When certification processes become too complex—as seen with the new authentication requirements—the "utilization rate" of the FTA often drops. For example, if the time required to register and authenticate a statement on origin exceeds the shipping window, or if the risk of a 20-day delay (as stipulated in the EU-India provisional text) is too high, businesses may opt to pay the full tariff simply to ensure supply chain certainty. This "compliance tax" effectively reduces the economic benefit of the free trade agreement.
Official Responses and Industry Reactions
While customs authorities in the UK and EU emphasize that these measures are necessary to combat fraud and protect domestic industries, industry groups have expressed caution. The International Chamber of Commerce has been a vocal proponent of digitizing these processes but warns against "digital fragmentation," where every trade partner requires a different IT system or registration portal.
The ICC’s Genesis system is one private-sector response to this challenge, acting as a quality control tool that allows chambers of commerce to support exporters in their self-certification efforts. By providing a layer of verification that aligns with international standards, the ICC hopes to harmonize how origin is reported and checked.
Trade experts, including Anna Jerzewska of Trade and Borders, have noted that the "instant" nature of self-certification is being eroded. The requirement for exporters to wait for notification of successful authentication before shipping goods represents a "significant departure" from established norms. Analysts suggest that for these systems to work, local customs authorities must provide "business-friendly and timely guidance" to prevent widespread trade disruption during the initial implementation phases.
Broader Implications for Global Trade
The rise of origin authentication is part of a broader trend toward the digitalization of the "Border of the Future." As nations move toward "Single Window" systems, where all trade data is submitted through a single portal, the authentication of origin will likely become automated.
We are entering an era where data interoperability is the primary goal. If a UK exporter’s registration in an HMRC database can be instantly verified by Indian Customs via an API (Application Programming Interface), the 20-day delays currently feared could be reduced to seconds. However, until such global interoperability is achieved, the current "patchwork" of national IT systems—from the EU’s REX to South Korea’s EODES—will continue to create hurdles for exporters.

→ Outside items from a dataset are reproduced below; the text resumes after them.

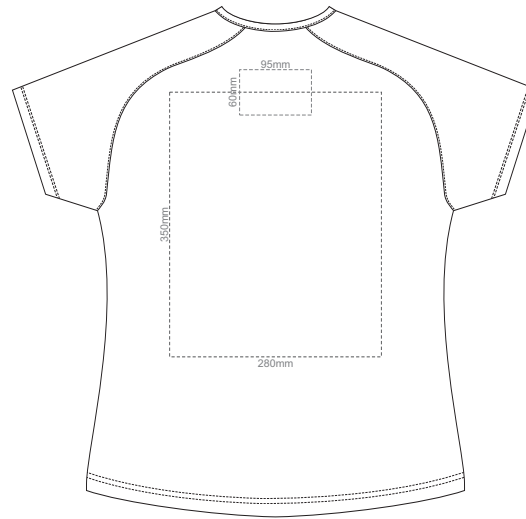

10% of Actual Size
Screen Print

FRONT WOMEN'S EXTRA SMALL

BACK WOMEN'S EXTRA SMALL

10% of Actual Size
Screen Print

WOMEN'S XS LEF SLEEVE

WOMEN'S XS RIGHT SLEEVE

10% of Actual Size
Screen Print

FRONT WOMEN'S SMALL

BACK WOMEN'S SMALL

10% of Actual Size
Screen Print

WOMEN'S SMALL LEFT SLEEVE

WOMEN'S SMALL RIGHT SLEEVE

10% of Actual Size
Screen Print

FRONT WOMEN'S MEDIUM

BACK WOMEN'S MEDIUM

10% of Actual Size
Screen Print

WOMEN'S MEDIUM LEFT SLEEVE

WOMEN'S MEDIUM RIGHT SLEEVE

10% of Actual Size
Screen Print

FRONT WOMEN'S LARGE

BACK WOMEN'S LARGE

10% of Actual Size
Screen Print

WOMEN'S LARGE LEFT SLEEVE

WOMEN'S LARGE RIGHT SLEEVE

BACK WOMEN'S XXL

10% of Actual Size
Screen Print

WOMEN'S XXL LEFT SLEEVE

WOMEN'S XXL RIGHT SLEEVE

10% of Actual Size
Colourflex Transfer
Faux Embroidery
DigiFlex Transfer

FRONT WOMEN'S EXTRA SMALL
Print area can be rotated to best suit.
Branding area can be moved anywhere within the red line.

Ultimately, the shift from simple self-certification to authenticated statements reflects a global trade environment that prizes security and compliance over pure speed. For businesses, the message is clear: the days of the "one-sentence" origin declaration are over. Success in the modern trade landscape will require a deep technical understanding of Rules of Origin, a robust digital infrastructure, and a proactive approach to supply chain transparency. Those who fail to adapt to these new authentication standards risk not only financial penalties but also a total loss of competitiveness in some of the world’s fastest-growing markets.